------ PROVIDED INFORMATION ------

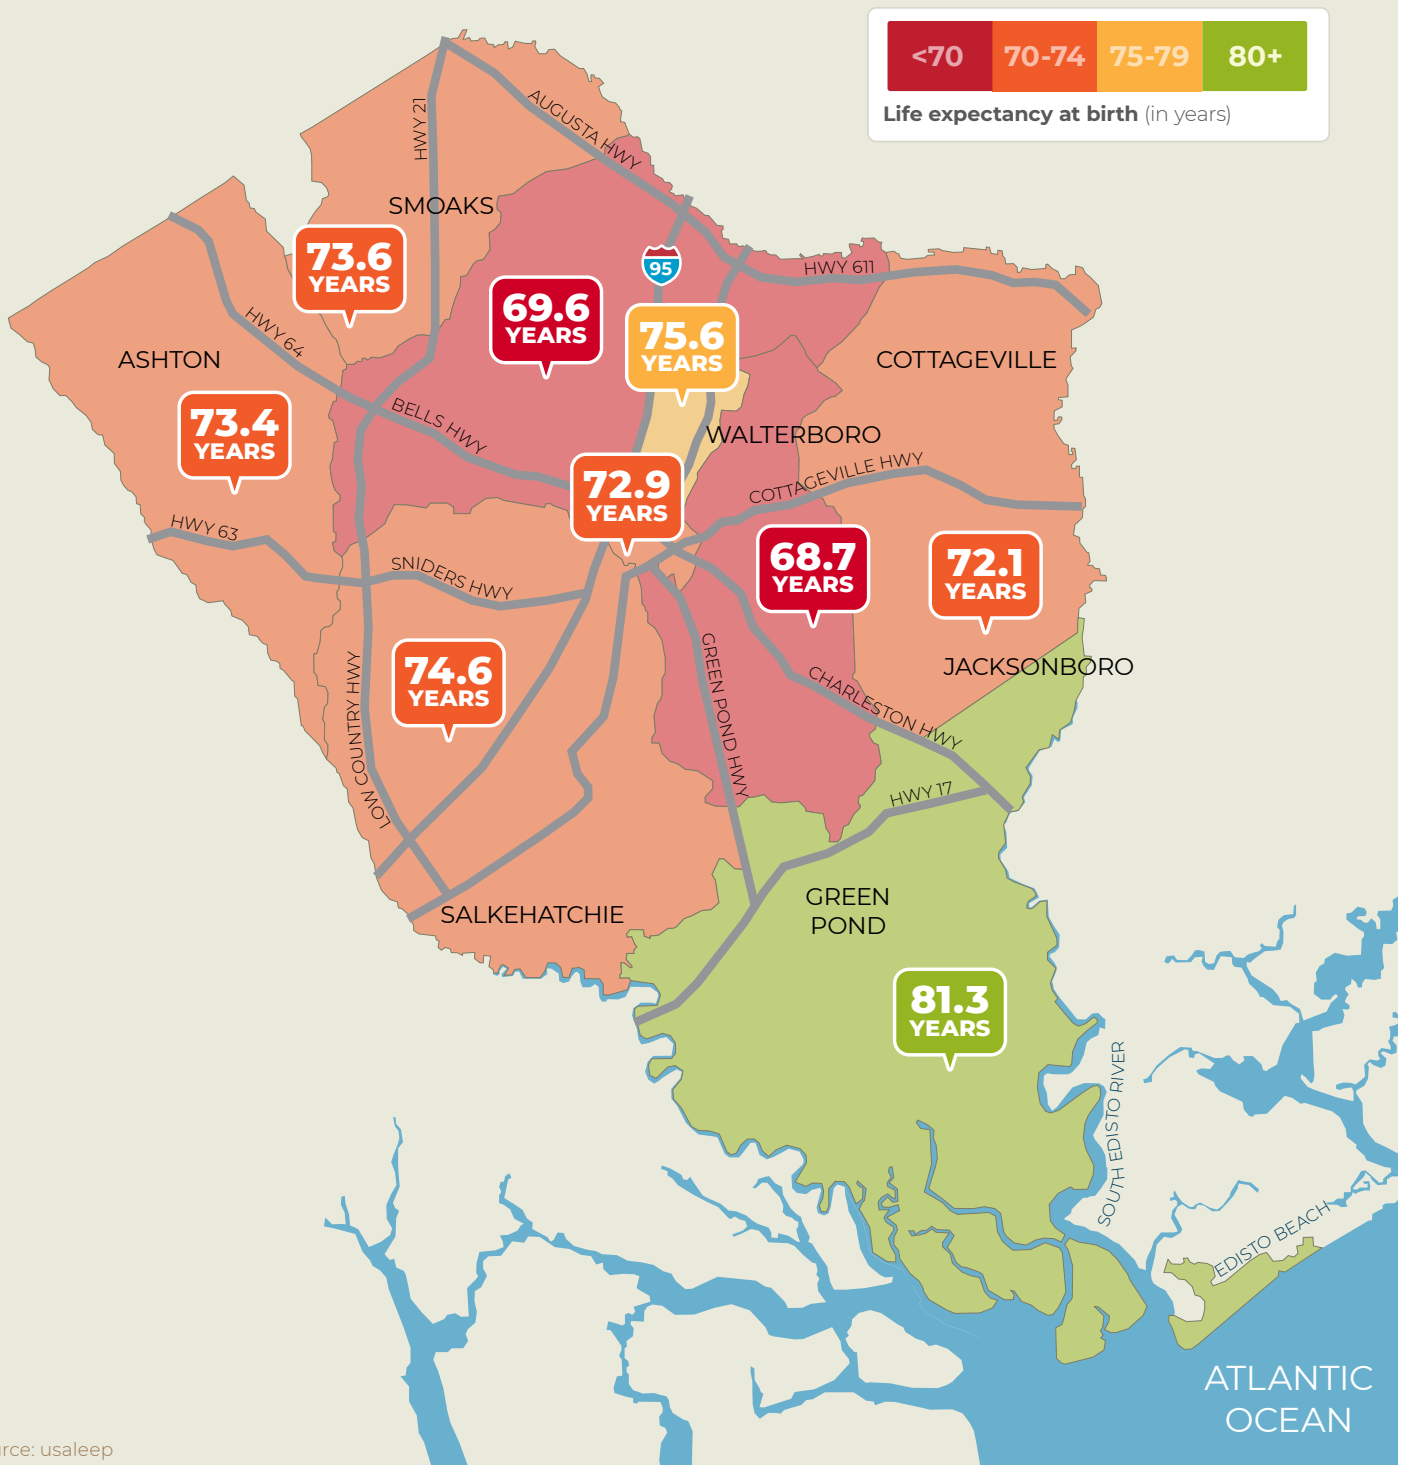

Source: usaleep

It's a short distance to a wide gap in life expectancy.

CHARLESTON, SOUTH CAROLINA

It's a short distance to a wide gap in life expectancy.

CHESTER, SOUTH CAROLINA

Source: usaaleep

It's a short distance to a wide gap in life expectancy.

CHESTERFIELD COUNTY, SOUTH CAROLINA

NORTH CAROLINA

Source: usaleep

It's a short distance to a wide gap in life expectancy.

COLLETON COUNTY, SOUTH CAROLINA

It's a short distance to a wide gap in life expectancy.

COLUMBIA, SOUTH CAROLINA

Life expectancy at birth (in years)

Source: usaleep

It's a short distance to a wide gap in life expectancy.

DARLINGTON COUNTY, SOUTH CAROLINA

Source: usaleep

It's a short distance to a wide gap in life expectancy.

DILLON COUNTY, SOUTH CAROLINA

Source: usaleep

It's a short distance to a wide gap in life expectancy.

DORCHESTER COUNTY, SOUTH CAROLINA

Source: usaleep

It's a short distance to a wide gap in life expectancy.

------

DIRECTIONS FOR THIS TASK
Extract exactly and only the lines above from the line containing "CHESTER, SOUTH CAROLINA" through the line containing "COLLETON COUNTY, SOUTH CAROLINA", both end lines included.

TASK SOLUTION
CHESTER, SOUTH CAROLINA

Source: usaaleep

It's a short distance to a wide gap in life expectancy.

CHESTERFIELD COUNTY, SOUTH CAROLINA

NORTH CAROLINA

Source: usaleep

It's a short distance to a wide gap in life expectancy.

COLLETON COUNTY, SOUTH CAROLINA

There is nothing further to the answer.